Robert Hitchcock (died 1809) was a British actor and dramatist. From 1781 he was resident in Dublin, along with his family who also acted, and he wrote a history of the Irish stage.

==Life==
Hitchcock and his wife Sarah were members of the company at the Theatre Royal, Norwich from 1769. They moved in 1771 to York, where they were members of Tate Wilkinson's company at York Theatre Royal. From 1777 they were at George Colman the Elder's Haymarket Theatre, where he was prompter, while his wife and daughter Mary Anne both acted; during the winter seasons they continued to appear at York. Hitchcock was the model for the prompter in George Colman the Elder's play The Manager in Distress (1780).

In 1781 the family moved to Dublin, and appeared at Smock Alley Theatre.
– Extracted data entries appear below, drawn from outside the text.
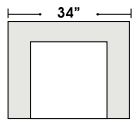

Chair

OTTOMAN
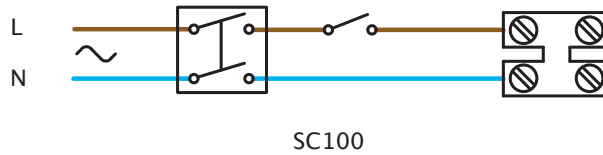

Wiring Diagrams

CENTRIFUGAL SC 220V-240V SINGLE PHASE

(THIS MODEL CAN BE WIRED FOR REMOTE SWITCHING,
ENSURE PULL CORD SWITCH IS IN OFF POSITION & REMOVE CORD)

Richard Daly, owner of the theatre, opened in 1788 Crow Street Theatre as the Theatre Royal in Dublin, and the Hitchcock family moved there. Hitchcock was prompter, while his wife and daughter became great favourites on the Irish stage.

Hitchcock died in 1809 in Clarendon Street, Dublin. His daughter Mary Anne retired from the stage on her marriage to a Dublin barrister, Jonas Greene. His son Robert, an actor in his youth, graduated LL. B. at the university of Dublin, and became a member of the Irish bar.

==Works==
Hitchcock was the author of:

1. The Macaroni, a comedy (1773), performed at York, and once at the Haymarket.
2. The Coquette; or the Mistakes of the Heart; a comedy (1777), acted at York and Hull. The plot is taken from Eliza Haywood's novel The History of Miss Betsy Thoughtless.
3. An Historical View of the Irish Stage, from the earliest period down to 1788, 2 volumes (1788, 1794).